Shas (11 seats), an acronym for ‘Sephardic Guardians of the Torah,’ represents primarily ultra-Orthodox Jews who immigrated to Israel from other Middle Eastern countries and North Africa. In the 2006 elections, Shas tied with Likud for the third-highest number of seats in the Knesset, an unprecedented occurrence. Shas has a socially conservative agenda, while also supporting generous welfare payments, especially for students of religious seminaries. Its policy toward Palestinian Arabs has been relatively flexible. Shas often holds the balance of power among the major parliamentary blocs, enabling it to maximize its influence.

Yahadut HaTorah Hameukhedet  (5 seats), Hebrew for ‘United Torah Judaism,’ is an alliance of two small, ultra-Orthodox political parties. It represents the growing ultra-Orthodox community.  It opposes the separation of religion and state, drafting young ultra-Orthodox men into the military and any change in the nation’s laws that prohibit most businesses from opening on Saturdays and holidays. The party has been highly successful in securing financial aid for the ultra-Orthodox community, including government stipends for large families. 

Hadash  (4 seats) is the Hebrew word for ”new” as well as the Hebrew acronym for ‘The Democratic Front for Peace and Equality.’ It is a left-wing party with roots in Israel's anti-Zionist Communist Party and defines itself as a “Jewish-Arab party.” The main points of Hadash's platform include an Israeli withdrawal to pre-1967 borders; establishing a Palestinian state alongside Israel; the separation of religion and state; the full realization of rights for Israel’s Arab citizens; a Palestinian "right of return" to Israeli territory; encouraging Israel to join the Nuclear Non-Proliferation Treaty; and lobbying for workers’ rights. 

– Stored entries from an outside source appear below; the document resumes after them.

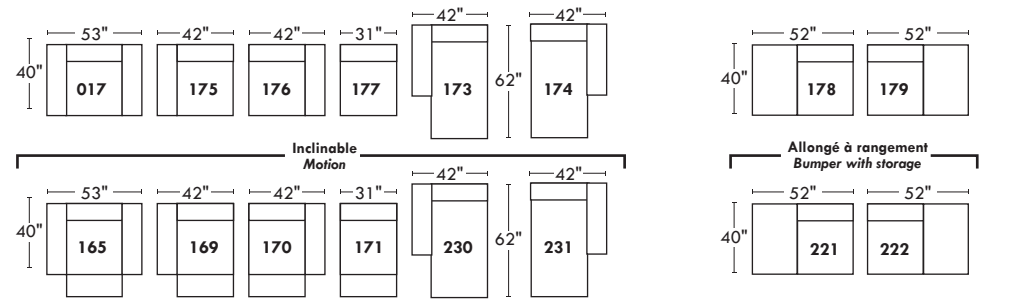

## Siège 30" de large | 30" Seat Width

## Siège 23" de large | 23" Seat Width

## Spécifications | Specifications

- Appui-tête levé / Headrest up
- Appui-tête baissé / Headrest down
- Complètement incliné / Fully reclined

- Ⓐ Hauteur complète 40" / Total Height
- Ⓑ Hauteur appui-tête baissé 33" / Height headrest down
- Ⓒ Hauteur du bras 22,5" / Arm Height
- Ⓓ Hauteur du siège 19,5" / Seat height
- Ⓔ Profondeur incliné 65" / Depth fully reclined
- Ⓕ Profondeur d'assise 20" ou/ou 22" / Seat depth

Ha'ichud Ha'leumi (4seats), which translates from Hebrew to ‘The National Union,’ is a right-wing coalition of three small parties. In the 2006 elections, the party ran on a joint list with the National Religious Party. Its platform emphasizes maintaining a strong Jewish national identity, extending Israeli sovereignty over disputed territories and rejecting the concept of a Palestinian state. 

Ra'am-Ta'al (4 seats), the Hebrew acronym for ‘United Arab List- Arab Movement for Renewal,’ is the largest Arab party in the Knesset and endorses an end to what it considers the Israeli occupation of the territories. It supports the creation of an independent Palestinian state, with East Jerusalem as its capital. The party calls for dismantling all Israeli settlements, including those in the Golan Heights and along Israel’s border with Lebanon (land it contends belongs to Lebanon).  

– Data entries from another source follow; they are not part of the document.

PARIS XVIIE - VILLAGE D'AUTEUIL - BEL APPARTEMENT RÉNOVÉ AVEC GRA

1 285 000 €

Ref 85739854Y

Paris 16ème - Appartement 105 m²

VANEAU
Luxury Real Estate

The party supports the separation of religion and state, the “right of return” within Israeli borders for Palestinian refugees, and the dismantling of all nuclear weapons in the world, in particular Israel.  Ra’am-Ta’al calls for the recognition of Israeli Arabs as a national minority and believes that Arabs should not be recruited to serve in the Israel Defense Forces. Ra'am-Ta’al believes that Israel should give Islamic religious courts greater freedom in performing judicial duties, especially among the Israeli-Arab Shi’ite communities. In addition, the movement calls for an increase in the budget for subsidizing all holy places belonging to the Muslims, Christians and Druze.  The party enjoys particular popularity among the Bedouin population.

Balad (3 seats), is the Hebrew acronym for ‘National Democratic Assembly,’ and was established in 1996. Balad advocates that Israel should not be a Jewish state, but rather a democratic, secular state. The party favors Israel's withdrawal from all remaining Palestinian territories and a two-state solution, in which a non-Jewish state with Arab and Jewish residents exists alongside a Palestinian state.  Balad demands that the Israeli government grant Arabs full autonomy in such areas as culture and education.

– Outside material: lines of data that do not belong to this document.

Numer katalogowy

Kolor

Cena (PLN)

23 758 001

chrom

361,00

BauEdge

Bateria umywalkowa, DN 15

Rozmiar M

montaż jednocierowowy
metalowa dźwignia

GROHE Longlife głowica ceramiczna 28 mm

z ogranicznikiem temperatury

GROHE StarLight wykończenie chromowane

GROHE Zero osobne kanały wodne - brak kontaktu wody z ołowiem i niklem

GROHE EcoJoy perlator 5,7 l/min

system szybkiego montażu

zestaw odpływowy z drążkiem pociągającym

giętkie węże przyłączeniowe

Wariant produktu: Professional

New Movement-Meretz (3 seats, formerly Meretz-Yachad), a Hebrew acronym for ‘Social-Democratic Party,’ is a left-wing alliance that supports a peace agreement between Israel and the Palestinians based on a two-state solution as outlined in the Geneva Accord. The party is also concerned with human rights issues, minority rights, women’s rights, social justice and environmentalism. New Movement-Meretz is closely associated with Peace Now, a left-wing, non-governmental organization.